Vice President. Leader Thoon said it's
unrealistic to get the Save America Act
passed by attaching it to FISA, which
the president's looking for. Do you
believe [clears throat] this is
possible?
>> Well, I Why don't we try? Why don't we
try? And at least for force people to
vote against it. One of the things that,
you know, sometimes frustrates me about
the legislative process is that people
will go into it saying, "This isn't
possible, therefore, we're not even
going to try." Well, let's actually see.
Let's try it. And if it's not possible,
then let the the people put their name
on it.
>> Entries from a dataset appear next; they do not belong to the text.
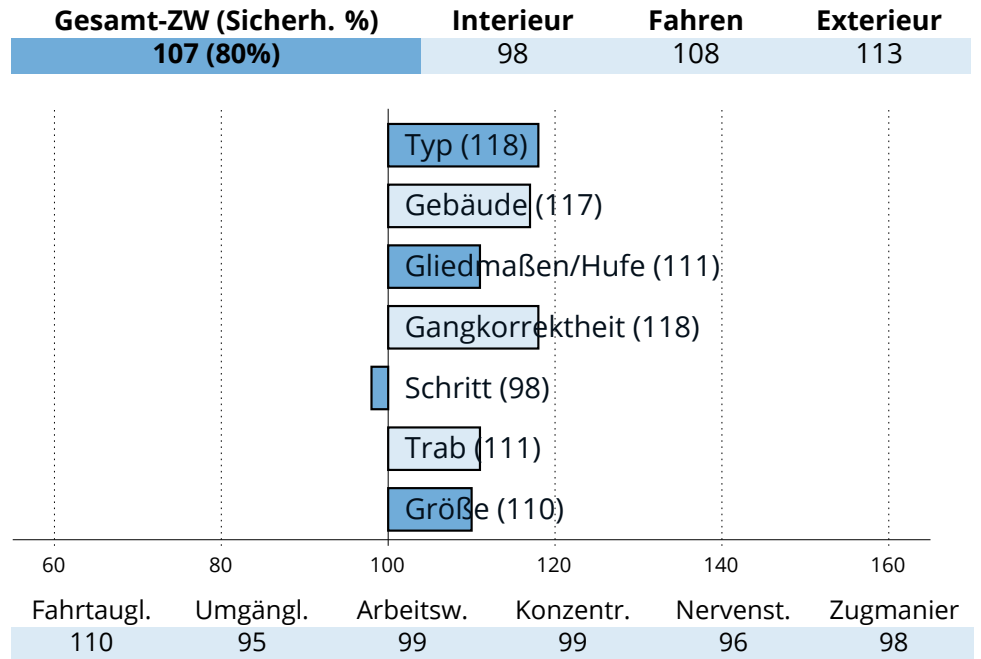

Zuchtwertschätzung Süddeutsches Kaltblut 2023

OBERBAYERN

**Ramzes v.
Seilenu**

Riegsee

Zimone (SP)

Rupertwinkel (E)
Zunami (E/SP)
Normano (E)
Zenta (L)

276481820069918 | * 2018 | Stm: 168cm | Dunkelbraun

Z.: Buchner, Uffing am Staffelsee

B.: Wernberger, Nußdorf

Sieger Körung 2020

HLP: Prüfung 2021 | Endnote 7,63 | 9. Platz von 16 TN

NK: Gesamt: 27 | EL/HB/FS: -/-/15 | HBI/SP: -/-

Ergebnisse der Zuchtwertschätzung vom 21.12.2023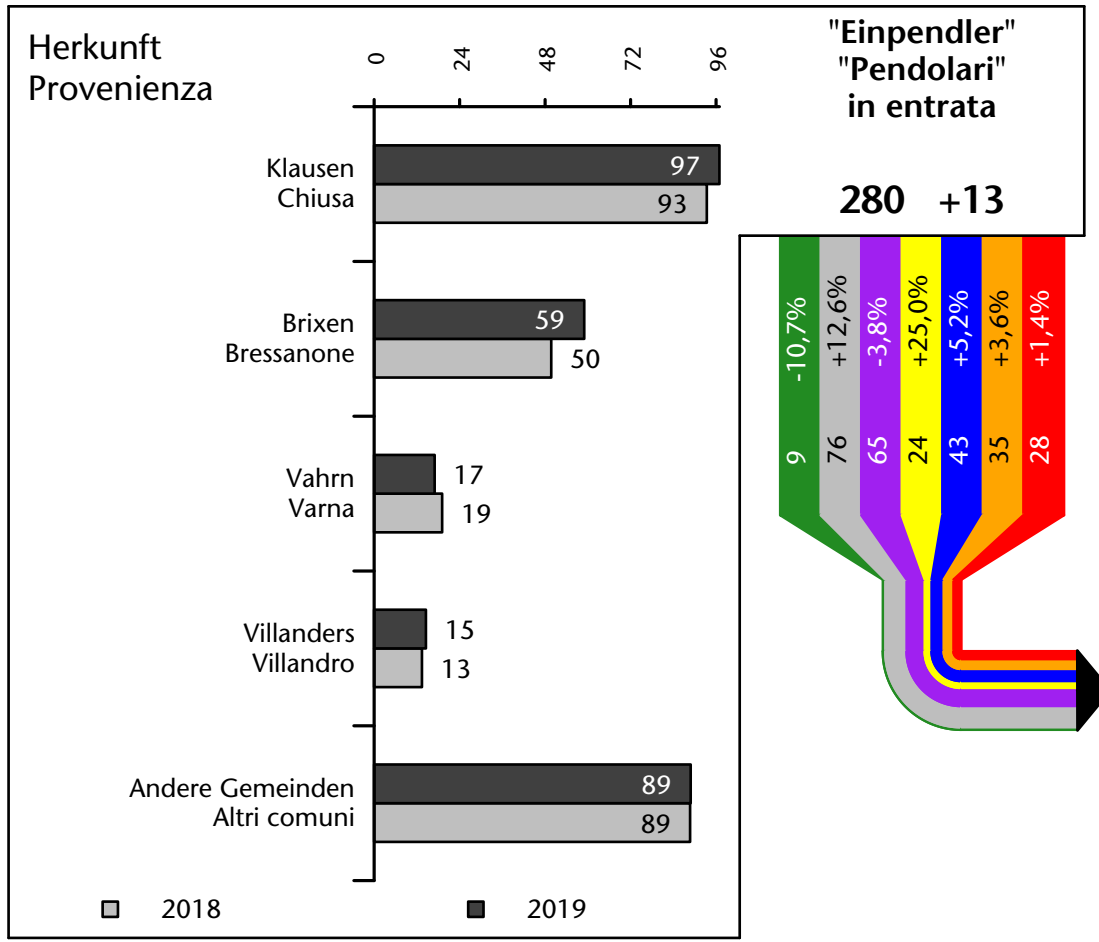

Arbeitnehmer u. eingetragene Arbeitslose mit Wohnort im Bezugsgebiet
Dipendenti e disoccupati iscritti domiciliati nel territorio di riferimento

1.266 +0,9%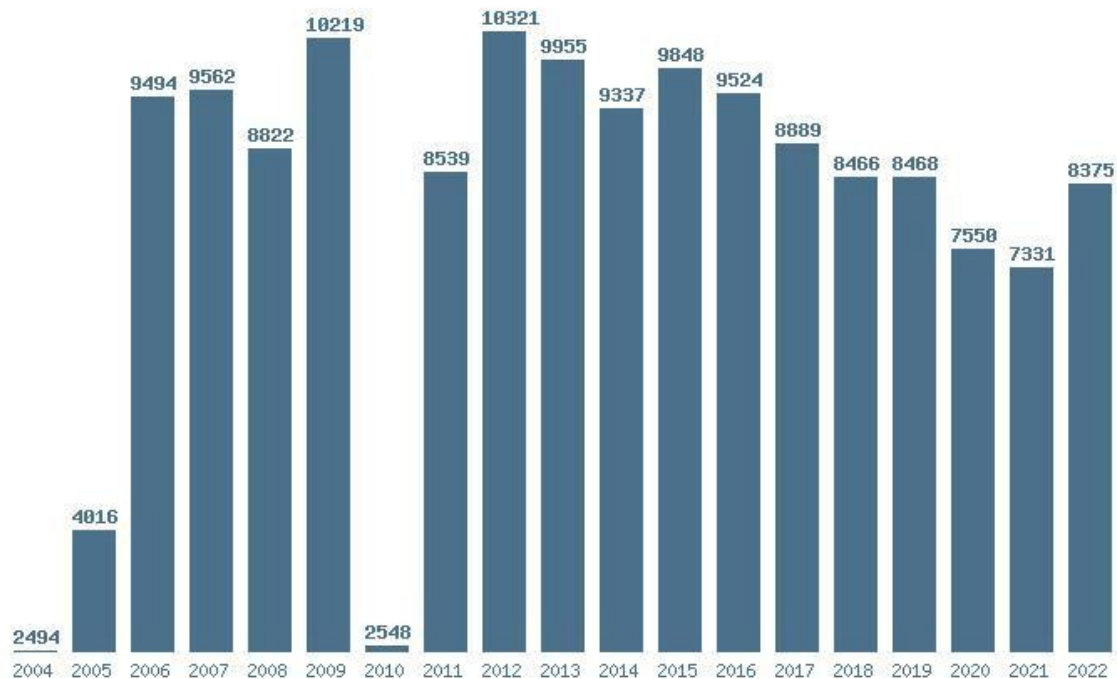

Εκτύπωση

Η εφαρμογή δημιουργήθηκε από τον :
Καλοδήμο Δημήτρη
<http://sep4u.gr>

Γραφική παράσταση των βάσεων 2004 - 2022 για τη σχολή:

(818) ΣΧΟΛΗ ΜΗΧΑΝΙΚΩΝ (ΑΕΝ)

Μέσος Όρος 19 ετίας : 8093

Η μέγιστη Βάση 19 ετίας :10321

Η ελάχιστη Βάση 19 ετίας :2494

Η μέγιστη % αύξηση 19 ετίας :235.1%

Η μέγιστη % μείωση 19 ετίας :85.6%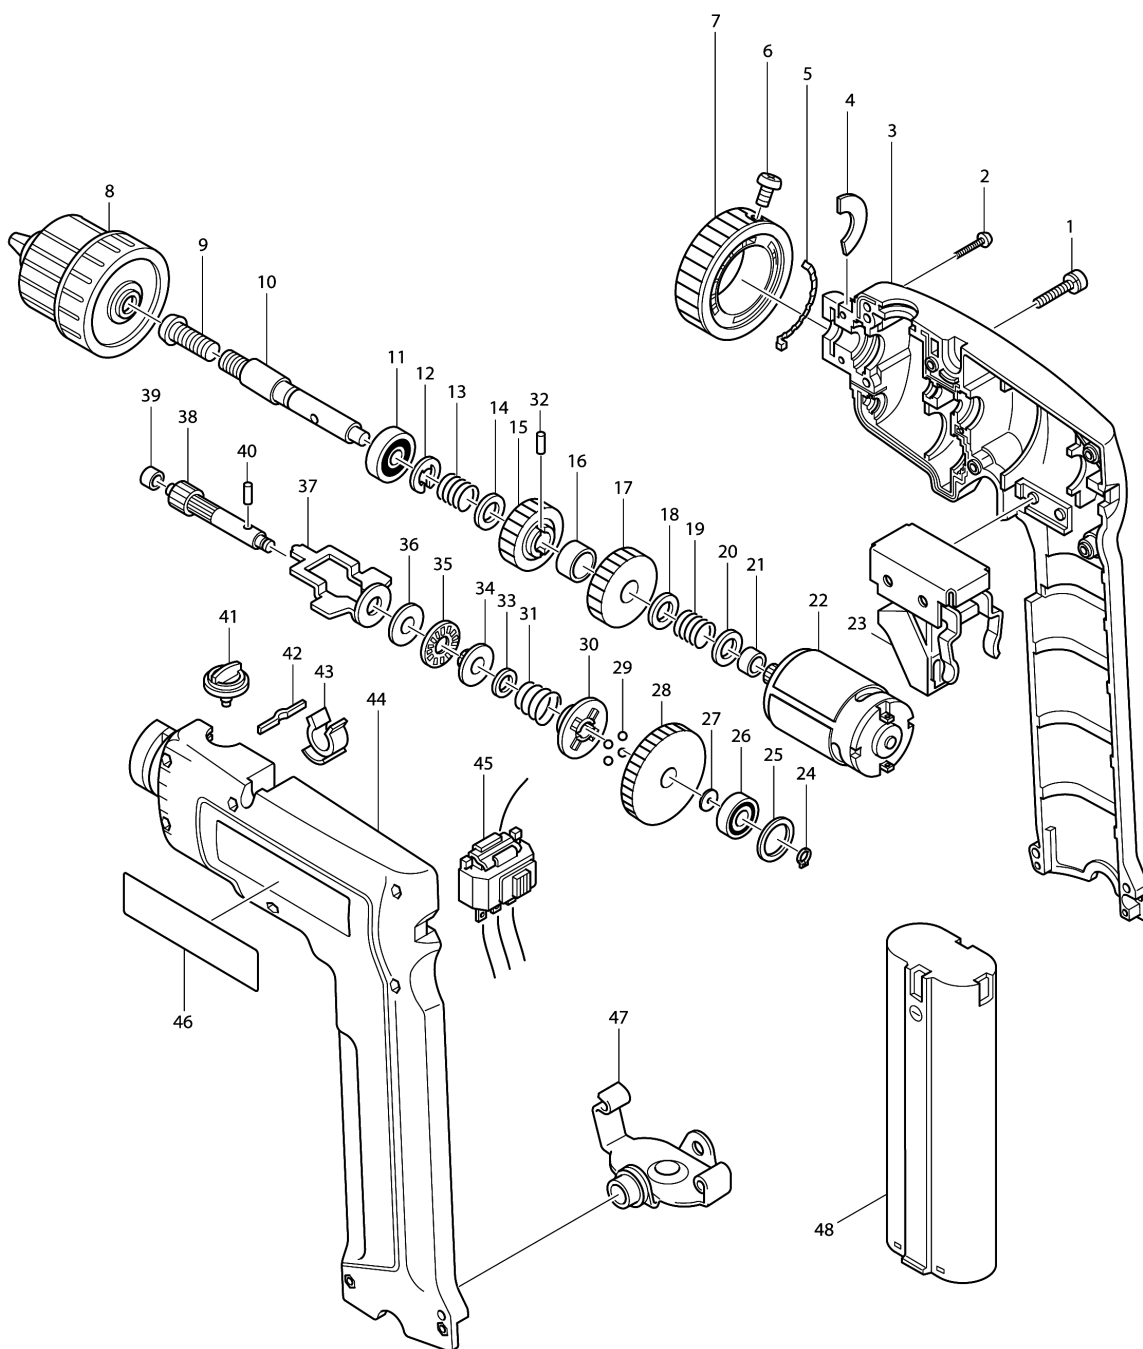

Model No.6075D CORDLESS DRIVER DRILL

Model No.6075D CORDLESS DRIVER DRILL

Item	Parts No.	Description	I/C	Qty	New/Old	Opt. 1	Opt. 2	Note
001	911143-2	PAN HEAD SCREW M4X22		6				
002	911163-6	PAN HEAD SCREW M4X35		2				
003	181974-5	HOUSING SET		1				
D10		INC 44						
004	343421-6	GUIDE PLATE		2				
005	343410-1	CAM PLATE		1				
006	251322-3	+ PAN HEAD SCREW M5X12		2				
007	410936-9	CHANGE RING		1				
008	192016-0	KEYLESS DRILL CHUCK 10		1				
009	251451-2	- PAN HEAD SCREW M5X22		1	*			
009-1	265B83-1	-PAN HEAD SCREW M5X22	O	1				
010	321995-7	SPINDLE		1				
011	211061-7	BALL BEARING 6000LLB		1				
012	961015-1	STOP RING E-9		1				
013	231250-8	COMPRESSION SPRING 10		1				
014	253330-0	THIN WASHER 10		1				
015	221862-5	SPUR GEAR 78		1				
016	257073-6	RING 16		1				
017	221884-5	SPUR GEAR 93		1				
018	253330-0	THIN WASHER 10		1				
019	231250-8	COMPRESSION SPRING 10		1				
020	253807-5	FLAT WASHER 5		1				
021	214017-9	PLANE BEARING 5		1				
022	629557-8	DC MOTOR 7.2V		1				
C10	221950-8	SPUR GEAR 11		1				
023-2	651354-4	SWITCH C3BF-AJ		1				
024	961002-0	RETAINING RING S-6		1				
025	253842-3	FLAT WASHER 14		1				
026	211016-2	BALL BEARING 626LLB		1				
027	253804-1	FLAT WASHER 6		1				
028-1	226234-9	SPUR GEAR 76		1				
029-1	216011-7	STEEL BALL 5.6		4				
030-1	223086-9	CLUTCH CAM		1				
031	231927-5	CONICAL COMPR. SPRING 16-21		1				
032	256101-4	PIN 3		1				
033	257141-5	RING 8		1				
034	341902-4	DISC		1				
035	216401-4	THRUST NEEDLE CAGE 1023		1				
036	253851-2	FLAT WASHER 8		1				
037	164840-1	SLIDER		1				
038	226062-2	GEAR COMPLETE 12-28		1				
039	214019-5	PLANE BEARING 4		1				
040	256119-5	PIN 3		1				
041	168096-8	SHIFTER		1				
042	232053-3	LEAF SPRING		1

This is also good for the
American people. How many American
senators know that the American people
love the Save America Act because they
believe in voter ID? But how many of
those same senators don't want to vote
for it because they know that the
radical elements within their own party
would punish them for it? Let people go
on the record and actually answer to the
American people. Which is why I think we
should do exactly as the president said.
Rob,
>> thank you very much. Um, on on Monday,
we were told theou will be published
within 48 hours. The president then said
uh after Friday, you I think then said
by Friday and then it ended up being
read out on a on a briefing call
yesterday. We were told theou had been
signed electronically on Sunday. There
was an access report that it hadn't
been. there's going to be a signing
ceremony on Friday and then it signed at
Versailles yesterday, last night.
Um, is is what's going on behind the
scenes as chaotic as your public
messaging?
>> Well, I don't think our public messaging
has been chaotic. I think dealing with a
fractured Iranian system where
communication isn't great is just
sometimes something that we don't fully
appreciate or we don't fully understand.
What what really happened here is that
we we did sign theou on Sunday. Uh that
locked in the terms of the deal. What
the [clears throat] Iranians came to us
and said is we'd like not to release the
text until Friday in order we don't I
didn't really understand that. I wanted
to get the text out immediately but in
order to be accommodating to them we
said sure okay we'll wait until Friday.
And then what happened over Monday
Tuesday the president was in G7 maybe
foreign leaders were talking to the
Iranians and encouraging them to do
that. We were definitely saying to them,
"We understand your desire not to have
the text out until Friday, but you know,
we we live in a democratic system. The
American people want to see the text of
this deal. We would certainly like to
get it out as soon as possible." And so
they came up with having their president
sign it, our president sign it, and then
just releasing the text as a signed
document immediately at that point. I I
do wonder, Rob, just this is pure
conjecture. I'm just guessing at this. I
wonder if part of it is that they wanted
to have a Persian translation, a Farsy
translation that they felt good about
and then of course once they translated
into Farsy, our State Department has to
confirm that the Farsy translation
matches the meaning of the English. I
think that is part of what was going on
here, but the text is out there now. We
said that we would be transparent about
it, but the reason why it went back and
forth a little bit about when exactly
the text would be released is just we
were trying to show good faith to the
Iranians who, for reasons I have no
idea, cared a lot about how the text
itself was rolled out. Blue tie there.
>> Thank you very much, Mr. Vice President.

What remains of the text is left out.